Problem to work on - This task calls for every entry below to be repeated exactly, without the pictures.

(Data excerpts)
# # # #
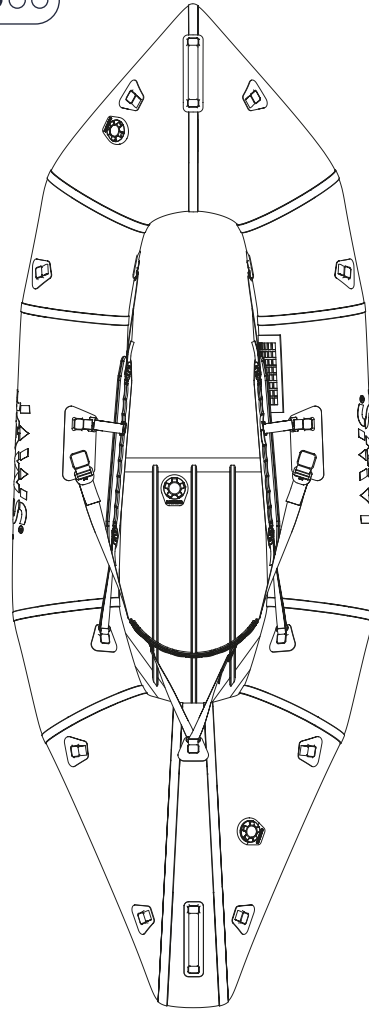

# IRIS [SOLO]

Fully equipped

Fast and maneuverable

Individual seat

Closed floor

Weight

3,1 kg

Ext. dimensions.

260/92 cm

Packed volume

10 L

TPU 150/840

Lightweight fabric ●●○○

## TECHNICAL INFORMATION

Internal length & width [cm]	142/39
Ext length & width [cm]	260/92
Packed volume [liter]	10
Packraft weight [kg]	3,1
Load capacity [kg]	135
Number of air chambers	2
Air volume [liter]	314
Tube material [denier]	TPU 150 Double coating
Tube diameter [cm]	28
Floor material [denier]	TPU 840 Double coating
Valves	Leaffield D7M
Accessory weight	
Seat: 160gr - Backrest: 140gr - Knee pads: 170gr
# # # #
Task response -
# IRIS [SOLO]

Fully equipped

Fast and maneuverable

Individual seat

Closed floor

Weight

3,1 kg

Ext. dimensions.

260/92 cm

Packed volume

10 L

TPU 150/840

Lightweight fabric ●●○○

## TECHNICAL INFORMATION

Internal length & width [cm]	142/39
Ext length & width [cm]	260/92
Packed volume [liter]	10
Packraft weight [kg]	3,1
Load capacity [kg]	135
Number of air chambers	2
Air volume [liter]	314
Tube material [denier]	TPU 150 Double coating
Tube diameter [cm]	28
Floor material [denier]	TPU 840 Double coating
Valves	Leaffield D7M
Accessory weight	
Seat: 160gr - Backrest: 140gr - Knee pads: 170gr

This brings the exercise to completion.